▶ [YOUR INSTRUCTIONS]: With the pictures removed, the data below must be transcribed in full and exactly.

(DATA EXCERPT Opens)

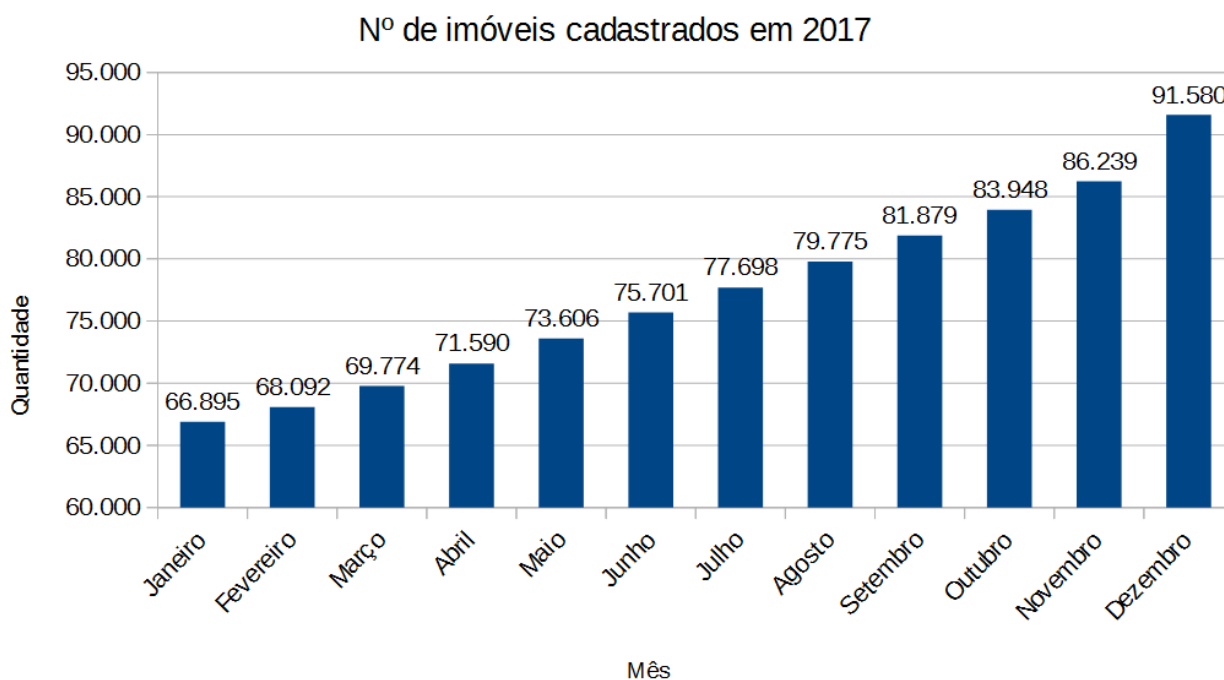

NOTÍCIA SOBRE O CAR NO CEARÁ

A equipe da Unidade Gerenciadora do Projeto CAR, parte integrante da Diretoria Florestal (DIFLO) da Semace, comemora o avanço do número de imóveis cadastrados no SICAR no Estado do Ceará, conforme o Serviço Florestal Brasileiro (SFB). Dados dos últimos boletins informativos do SFB, revelaram um crescimento de 36,90% ao longo do ano de 2017, conforme gráfico abaixo.

Área Cadastrada no Ceará

O crescimento significativo nos registros do CAR, evidencia o trabalho da equipe técnica e parceiros, contando com o apoio de trabalhadores rurais, gestores públicos e terceiro setor, sensibilizando, mobilizando e capacitando nos municípios cearenses.

(DATA EXCERPT Closes)

▶ [YOUR SOLUTION]:
NOTÍCIA SOBRE O CAR NO CEARÁ

A equipe da Unidade Gerenciadora do Projeto CAR, parte integrante da Diretoria Florestal (DIFLO) da Semace, comemora o avanço do número de imóveis cadastrados no SICAR no Estado do Ceará, conforme o Serviço Florestal Brasileiro (SFB). Dados dos últimos boletins informativos do SFB, revelaram um crescimento de 36,90% ao longo do ano de 2017, conforme gráfico abaixo.

Área Cadastrada no Ceará

O crescimento significativo nos registros do CAR, evidencia o trabalho da equipe técnica e parceiros, contando com o apoio de trabalhadores rurais, gestores públicos e terceiro setor, sensibilizando, mobilizando e capacitando nos municípios cearenses.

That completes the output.